A large chunk of this group are older workers taking early retirement, suggesting “that many will never return,” the OBR reckons.
According to the OBR, the size of Britain’s workforce will not return to its pre-pandemic trend until around mid 2027, weighing on output. Over the course of the next five years, the labour force will miss out on 0.3 percentage points of growth.
Without an inflow of migrants to replace those workers, Britain will be unable to produce the same volume of goods and services, making the country poorer.
Now, the OBR is not alone in making this next assumption.
For months, economists have been betting households will unleash a wave of savings built up during the Covid-19 crisis when spending opportunities were blocked by lockdowns.
Brits have around £150bn savings above their pre pandemic trend.
The rationale goes as such: “households will… draw on their savings to cushion the impact of higher prices on their consumption,” according to the OBR. In fact, the organisation thinks the savings ratio – the amount of money households set aside each month from their pay packets – could hit zero per cent next year.
Most recent data does not suggest this.
According to the Bank of England, in September, households saved £8.9bn, much higher than previous months. They also spent just £100m on credit cards, compared to £700m in August.
When economic uncertainty rises, people tend to be more cautious. They may avoid taking on more debt for fear of losing their job and being unable to repay lenders. They are more likely to pay off existing debt, particularly when interest rates are rising.

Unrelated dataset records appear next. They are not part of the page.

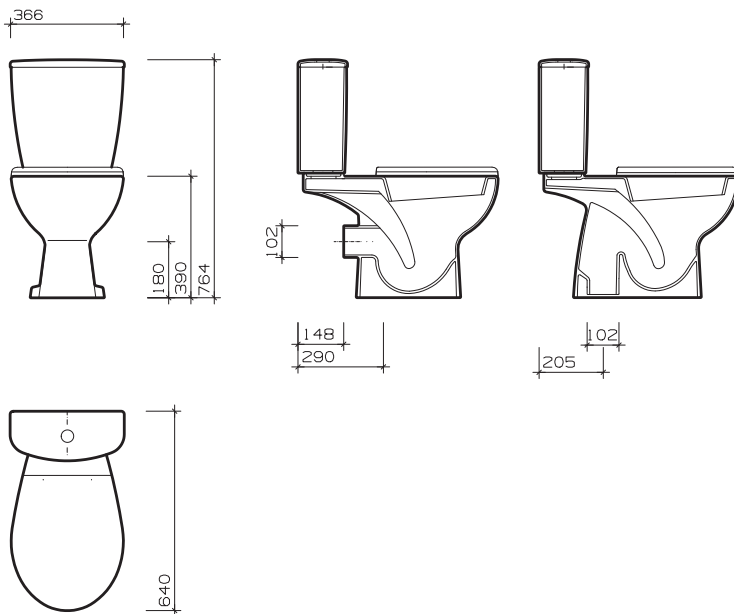

alcona

environmentally friendly 4/2.6 litre dual flush
co-ordinatingalcona range

Alcona flushwise WC suite, horizontal outlet

to specify/order:

Please use the product reference shown below.

wc pan

Horizontal outlet

AR1148WH

*Bottom outlet

AR1145WH

Flushwise® fitted cistern assembly with fittings:

Dual 4/2.6L flush, push button

AR2342WH

(note: Cistern can be adjusted to 6/4L, standard flush.)

seat and cover

WF1240WH

S or turned P trap connector

WF1241WH

*Bottom outlet connector

WF1224XX

material

Vitreous china.

colour

White WH.

fixings

WC screwed to floor.

AWARDED

THE WATERWISE MARQUE

Best design WC for water reduction.

All measurements shown are in millimetres. Drawing sizes are not to scale.

Note: Variation in drainage systems may necessitate increasing the flush volume to ensure efficient drainline carry, this can be done post installation up to 6/4 litre max.

Ultimately, people are highly sensitive to their job security. If they think sometime in the future they could be laid off, then they will save more each month so they can pay for basic necessities should the worst happen.
Exercising greater caution on an individual level makes sense. But, if everyone does it, it sends a chill through the entire economy. That situation seems to be where we are headed. If the savings rate stays elevated, the OBR’s GDP forecasts will come in lower than expected.
Lots of commentators and politicians bashed the OBR in the lead up to the autumn statement earlier this month. Its forecasting record is not great, but it is tough to find any organisaiton which does have a good one.
This is not to say economic forecasts should be binned. Instead, it shows how challenging it is to get them bang on, particularly in a much more uncertain world.
As the old economics saying goes: “It is better to be approximately right than exactly wrong”.